I've found that simply using tx.WriteTo to back up certain DBs dramatically reduces the size (while obviously keeping the live data).

I don't have any useful metrics/benchmarks, but I could try to put one together and see if it is an actual benefit.

What kind of duplication and scale are we looking at here? Values that were large are completely removed, shrunk, etc?

chrsm avatar Sep 24 '15 17:09 chrsm

@benbjohnson is this a feature you're interested in bolt having?

ckingdev avatar Oct 27 '15 21:10 ckingdev

@cpalone It'd be nice to do a recursive copy of every bucket instead of simply using Tx.WriteTo. That would eliminate an excessive free pages. You can do a simple version where it happens in one transaction but a more efficient implementation would be to batch it at 1000 key/values at a time. That gets a bit more complicated though.

benbjohnson avatar Oct 28 '15 18:10 benbjohnson

I can't give you a timeline on this but I'll give the batch implementation a shot!

ckingdev avatar Oct 29 '15 23:10 ckingdev

I would like to have this feature as well. it will be nice to be able to shrink the DB in-place while it is still in use.

chnrxn avatar Nov 19 '15 07:11 chnrxn

Unfortunately, it looks like there is no way to find a path to arbitrary page on a disk quickly. Without this ability it is O(n^2) to compact DB in-place. Am I right?

funny-falcon avatar Apr 22 '16 18:04 funny-falcon

@funny-falcon That's correct. Given a page ID there's no way to find it's parents without looking through all the branches. Although branch data tends to be relatively small. You could work your way from the end of the database towards the beginning and reallocate pages and their parents to essentially do a defragmentation. Then truncate the database at the highest unfreed page and adjust the freelist.

However, rewriting the data file to a new data file may very well be faster because of the time it takes to find the parents.

benbjohnson avatar Apr 26 '16 15:04 benbjohnson

I'm now in need for shrinking my bolt db file although happy to do this offline. Was thinking of creating a CLI tool for this, but what about adding something like bolt rewrite to the existing bolt CLI tool?

tg avatar Jul 26 '16 09:07 tg

The goal is to add a bolt shrink command to the CLI tool but I haven't had the time so far. Feel free to open a pull request for it though!
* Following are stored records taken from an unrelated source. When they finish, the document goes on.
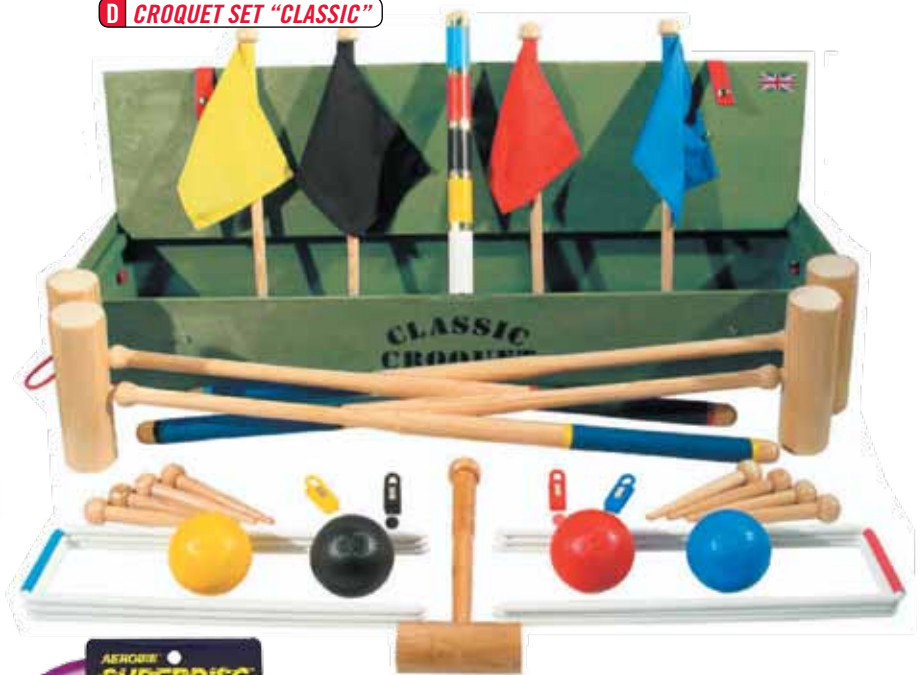

E FRISBEES

The original and best brand
"Ultimate" White, Red 175gm

F AEROBIE

Aerobie "Superdisc"
Aerobie 13" "Pro Ring"
Aerobie 10" "Sprint Ring"

G AERO HOWLER

Nerf Vortex Aero Howler

A CHROME BOULES

B PLASTIC BOULES

D CROQUET SET "CLASSIC"

E ULTIMATE FRISBEES

F AEROBIE "SUPERDISC"

F AEROBIE 13" "PRO RING"

F AEROBIE 10" "SPRINT RING"

G AERO HOWLER

C TRACE & BALL

C SWINGBALL
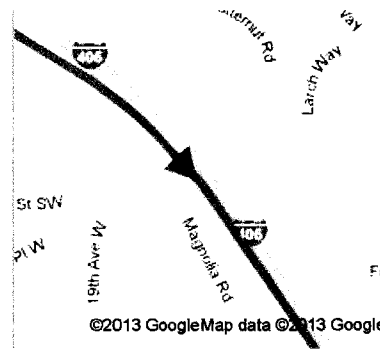

Directions to Seattle-Tacoma International Airport
17801 International Blvd, Seattle, WA 98158
104 mi – about 1 hour 40 mins

FOR OFFICIAL USE ONLY
Docket: TC-130708
Effective Date: November 9, 2013

Best Western Plus-Lakeway Inn
714 Lakeway Dr, Bellingham, WA 98229

1. Head **west** on **Lakeway Dr**

go 299 ft
total 299 ft

2. Turn left onto the **Interstate 5 S** ramp to **Seattle**
About 54 secs

go 0.2 mi
total 0.3 mi

3. Merge onto **I-5 S**
About 1 hour 3 mins

go 69.7 mi
total 69.9 mi

4. Take exit **182** for **Interstate 405 S** toward **Bellevue/Renton**
About 1 min

go 0.9 mi
total 70.8 mi

FOR OFFICIAL USE ONLY
Docket: TC-130708
Effective Date: November 9, 2013

- 5. Merge onto **I-405 S**
About 30 mins

go 29.8 mi
total 101 mi

- 6. Continue onto **WA-518 W**
About 1 min

go 1.0 mi
total 102 mi

- 7. Take the exit toward **Sea-Tac Airport**
About 1 min

go 0.8 mi
total 102 mi

- 8. Merge onto **Airport Expressway**
About 1 min
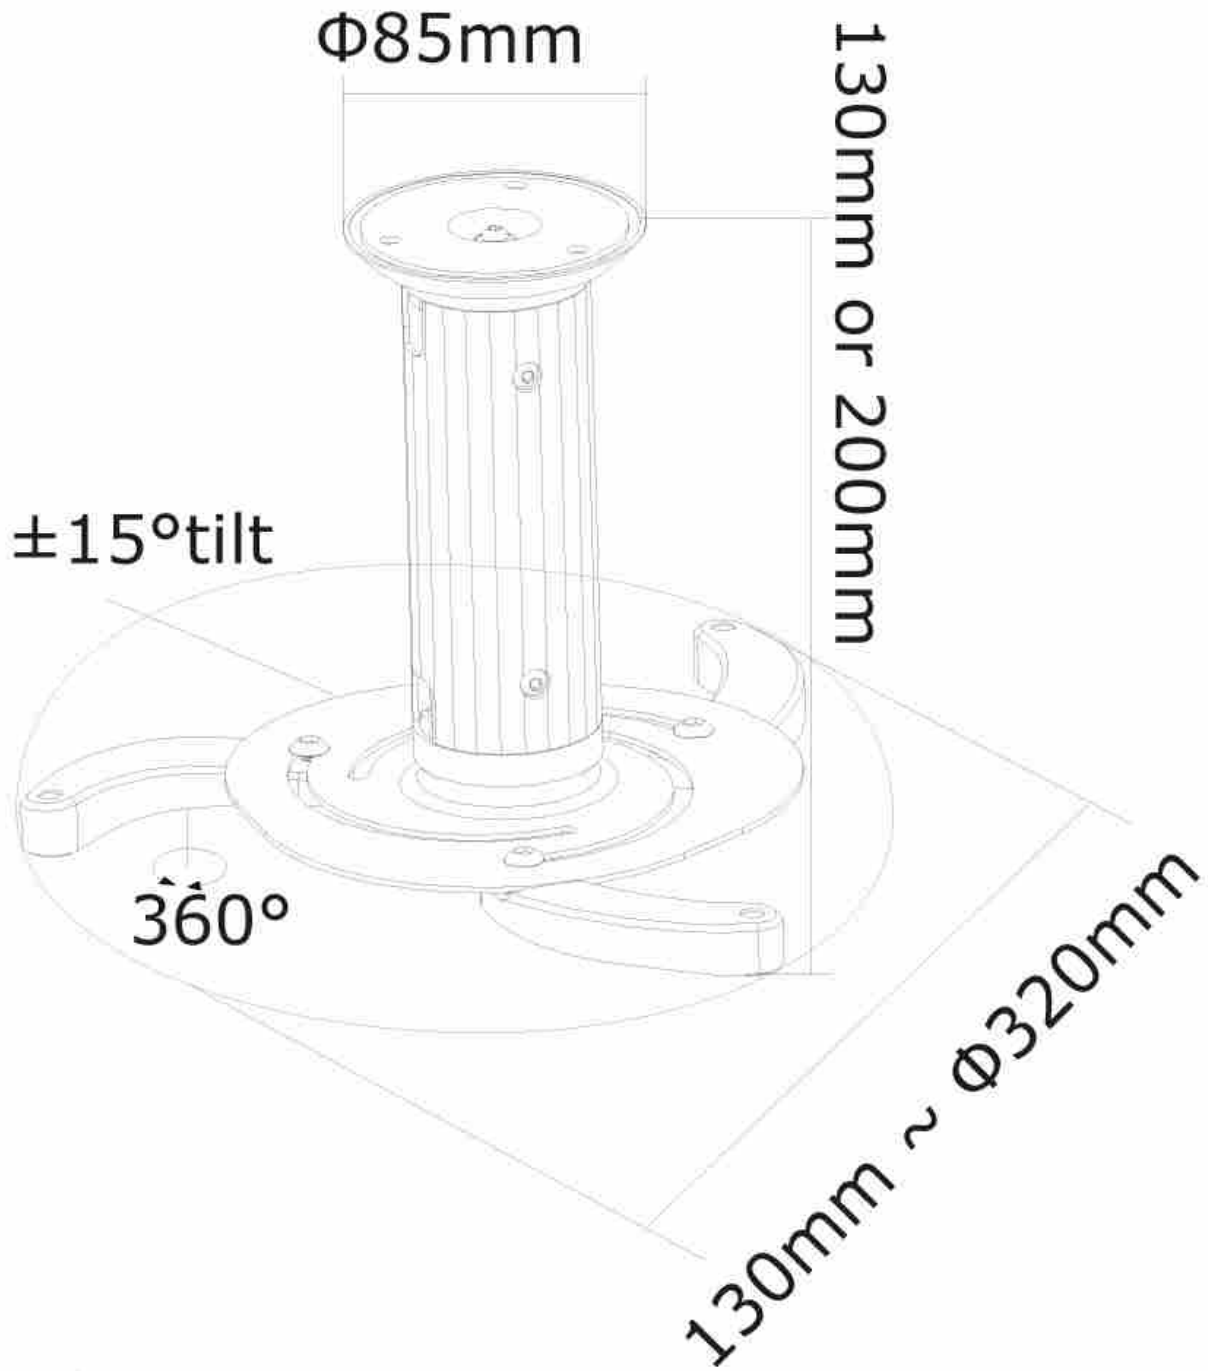

BEAMER-C80WHITE

NEOMOUNTS PROJECTOR CEILING MOUNT

Neomounts
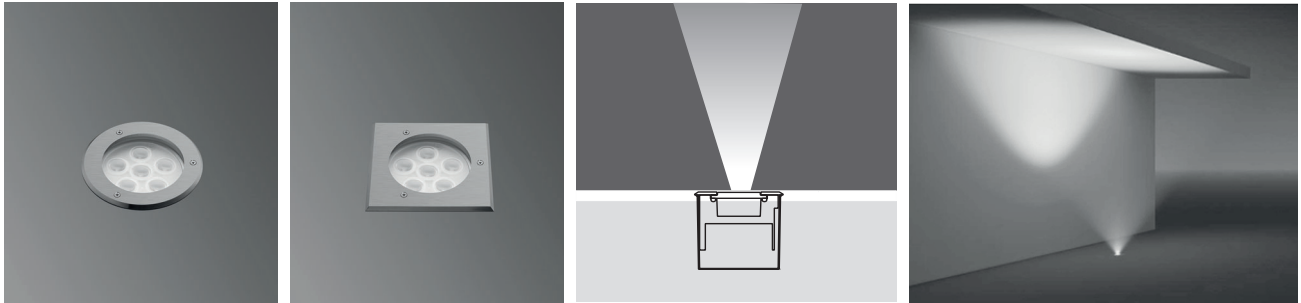

BELKIS 3 RECESSED LED FIXTURES

Load 5 kN | Class I IP67 IK10

Symmetrical BELKIS 3 Fix to Recessing Tube with Silicone

6 x 350 mA (6 W) LED	Total Lighting Output	Code No	
		Round	Square
☀ Warm White 3000 K	510 lm	422201	422211
☀ Natural White 4500 K	510 lm	422202	422216
☀ Cool White 6000 K	612 lm	422203	422217
🌈 RGB		422261	422271

Single color LED options upon request are ;
 🟦 Blue 🟡 Amber 🟢 Green 🔴 Red

- Voltage** : 240V A.C with integrated driver (24V AC or DC on request)
- Lens** : 10°, 25°, 40°
- Diffuser** : Clear Glass 8 mm (Frosted Glass on request)
- Cable** : Potted 5 m 3x0,75 H03 VV-F

Single color LED options upon request are ;
 ● Blue ● Amber ● Green ● Red

- Voltage** : 240V A.C with integrated driver (24V AC or DC on request)
- Lens** : 10°, 20°, 30° Mirror TIR Lens
- Diffuser** : Clear Glass 8 mm (Frosted Glass on request)
- Cable** : Potted 5 m 3x0,75 H03 VV-F

benbjohnson avatar Jul 27 '16 17:07 benbjohnson

There is #460 doing this job.

vincent-petithory avatar Jul 27 '16 17:07 vincent-petithory

@vincent-petithory Ah, I'm sorry! I'll take a look and review it. I'm sorry I missed it.

benbjohnson avatar Jul 27 '16 17:07 benbjohnson

Ah, cool, this will definitely save me some time, especially that it turned out this is not so trivial for larger DBs as we need to commit transactions periodically.

Also just realised bolt.Bucket has some sequencing feature available via Bucket.NextSequence(). Not sure this is an issue, but there is no interface for accessing/setting this value hence simple key-value rewriting will loose the sequence number. I guess if we want to preserve these we would need to extend Bucket interface though.